*** Opening of ENTRIES PROVIDED ***

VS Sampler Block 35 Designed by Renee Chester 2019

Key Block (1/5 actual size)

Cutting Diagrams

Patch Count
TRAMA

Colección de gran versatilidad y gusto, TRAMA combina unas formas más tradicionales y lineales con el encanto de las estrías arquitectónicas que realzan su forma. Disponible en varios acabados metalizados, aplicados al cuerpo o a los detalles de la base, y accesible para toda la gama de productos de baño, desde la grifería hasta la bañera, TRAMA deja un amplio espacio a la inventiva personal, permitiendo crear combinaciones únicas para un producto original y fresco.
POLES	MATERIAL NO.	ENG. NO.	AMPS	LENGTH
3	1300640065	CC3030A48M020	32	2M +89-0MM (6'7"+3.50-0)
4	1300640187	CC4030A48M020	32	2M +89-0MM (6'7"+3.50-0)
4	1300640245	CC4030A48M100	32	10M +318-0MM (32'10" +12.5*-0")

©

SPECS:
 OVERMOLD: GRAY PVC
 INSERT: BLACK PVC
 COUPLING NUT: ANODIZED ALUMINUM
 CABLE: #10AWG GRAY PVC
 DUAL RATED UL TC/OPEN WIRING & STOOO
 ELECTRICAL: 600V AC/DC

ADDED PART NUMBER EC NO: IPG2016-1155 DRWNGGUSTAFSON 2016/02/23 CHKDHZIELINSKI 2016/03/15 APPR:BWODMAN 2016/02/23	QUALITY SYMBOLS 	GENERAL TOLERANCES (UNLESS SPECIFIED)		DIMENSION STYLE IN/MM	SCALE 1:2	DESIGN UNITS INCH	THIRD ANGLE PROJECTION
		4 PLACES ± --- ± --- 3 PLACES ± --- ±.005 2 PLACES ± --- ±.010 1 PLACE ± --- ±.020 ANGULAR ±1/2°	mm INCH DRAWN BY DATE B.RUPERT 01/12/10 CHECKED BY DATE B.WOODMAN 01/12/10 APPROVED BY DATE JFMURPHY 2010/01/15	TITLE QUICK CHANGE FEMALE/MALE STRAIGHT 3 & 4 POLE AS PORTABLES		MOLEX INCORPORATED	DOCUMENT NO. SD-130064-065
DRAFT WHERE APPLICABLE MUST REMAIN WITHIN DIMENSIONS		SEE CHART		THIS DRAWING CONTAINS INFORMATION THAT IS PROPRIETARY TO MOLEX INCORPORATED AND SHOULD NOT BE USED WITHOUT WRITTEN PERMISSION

*** Close of ENTRIES PROVIDED ***
*** Opening of ENTRIES PROVIDED ***

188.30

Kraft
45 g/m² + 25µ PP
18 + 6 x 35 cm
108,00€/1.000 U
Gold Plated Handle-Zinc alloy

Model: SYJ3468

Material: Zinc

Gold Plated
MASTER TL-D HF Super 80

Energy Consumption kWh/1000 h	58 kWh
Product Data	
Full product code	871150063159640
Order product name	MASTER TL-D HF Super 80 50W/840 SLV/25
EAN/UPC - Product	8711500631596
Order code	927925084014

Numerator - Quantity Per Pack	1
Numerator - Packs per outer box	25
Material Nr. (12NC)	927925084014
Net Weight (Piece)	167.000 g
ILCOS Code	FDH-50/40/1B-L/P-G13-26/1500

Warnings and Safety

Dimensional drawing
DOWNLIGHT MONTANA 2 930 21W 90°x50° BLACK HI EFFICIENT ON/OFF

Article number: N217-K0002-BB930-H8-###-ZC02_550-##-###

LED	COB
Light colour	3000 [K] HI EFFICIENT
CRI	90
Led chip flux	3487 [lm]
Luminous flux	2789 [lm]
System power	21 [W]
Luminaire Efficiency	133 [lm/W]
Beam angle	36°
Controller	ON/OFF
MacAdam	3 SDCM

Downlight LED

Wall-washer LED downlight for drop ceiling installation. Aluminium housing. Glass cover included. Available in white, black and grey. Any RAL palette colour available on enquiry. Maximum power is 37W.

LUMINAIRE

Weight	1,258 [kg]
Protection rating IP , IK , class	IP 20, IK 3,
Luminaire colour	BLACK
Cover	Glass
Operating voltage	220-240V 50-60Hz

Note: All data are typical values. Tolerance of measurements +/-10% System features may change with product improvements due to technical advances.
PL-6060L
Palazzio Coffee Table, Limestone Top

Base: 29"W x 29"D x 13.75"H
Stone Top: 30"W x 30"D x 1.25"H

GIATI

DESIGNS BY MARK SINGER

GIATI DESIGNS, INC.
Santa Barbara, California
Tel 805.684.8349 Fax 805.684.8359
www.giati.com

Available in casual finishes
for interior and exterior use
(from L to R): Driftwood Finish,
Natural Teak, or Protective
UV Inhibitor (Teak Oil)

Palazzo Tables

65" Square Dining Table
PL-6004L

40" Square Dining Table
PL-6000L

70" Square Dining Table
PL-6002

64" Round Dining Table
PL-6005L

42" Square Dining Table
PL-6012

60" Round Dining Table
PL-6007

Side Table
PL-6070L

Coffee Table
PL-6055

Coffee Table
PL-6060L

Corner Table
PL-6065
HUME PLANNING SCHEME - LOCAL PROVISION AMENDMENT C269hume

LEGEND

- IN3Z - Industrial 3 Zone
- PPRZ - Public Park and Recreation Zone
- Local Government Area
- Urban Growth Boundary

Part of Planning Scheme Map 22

*** Close of ENTRIES PROVIDED ***

_ABOUT THIS TASK_. Would you print exactly and only the lines of the material above that run from the line with "Palazzio Coffee Table, Limestone Top" through the line with "Part of Planning Scheme Map 22", both included?

_ANSWER SPACE_.
Palazzio Coffee Table, Limestone Top

Base: 29"W x 29"D x 13.75"H
Stone Top: 30"W x 30"D x 1.25"H

GIATI

DESIGNS BY MARK SINGER

GIATI DESIGNS, INC.
Santa Barbara, California
Tel 805.684.8349 Fax 805.684.8359
www.giati.com

Available in casual finishes
for interior and exterior use
(from L to R): Driftwood Finish,
Natural Teak, or Protective
UV Inhibitor (Teak Oil)

Palazzo Tables

65" Square Dining Table
PL-6004L

40" Square Dining Table
PL-6000L

70" Square Dining Table
PL-6002

64" Round Dining Table
PL-6005L

42" Square Dining Table
PL-6012

60" Round Dining Table
PL-6007

Side Table
PL-6070L

Coffee Table
PL-6055

Coffee Table
PL-6060L

Corner Table
PL-6065
HUME PLANNING SCHEME - LOCAL PROVISION AMENDMENT C269hume

LEGEND

- IN3Z - Industrial 3 Zone
- PPRZ - Public Park and Recreation Zone
- Local Government Area
- Urban Growth Boundary

Part of Planning Scheme Map 22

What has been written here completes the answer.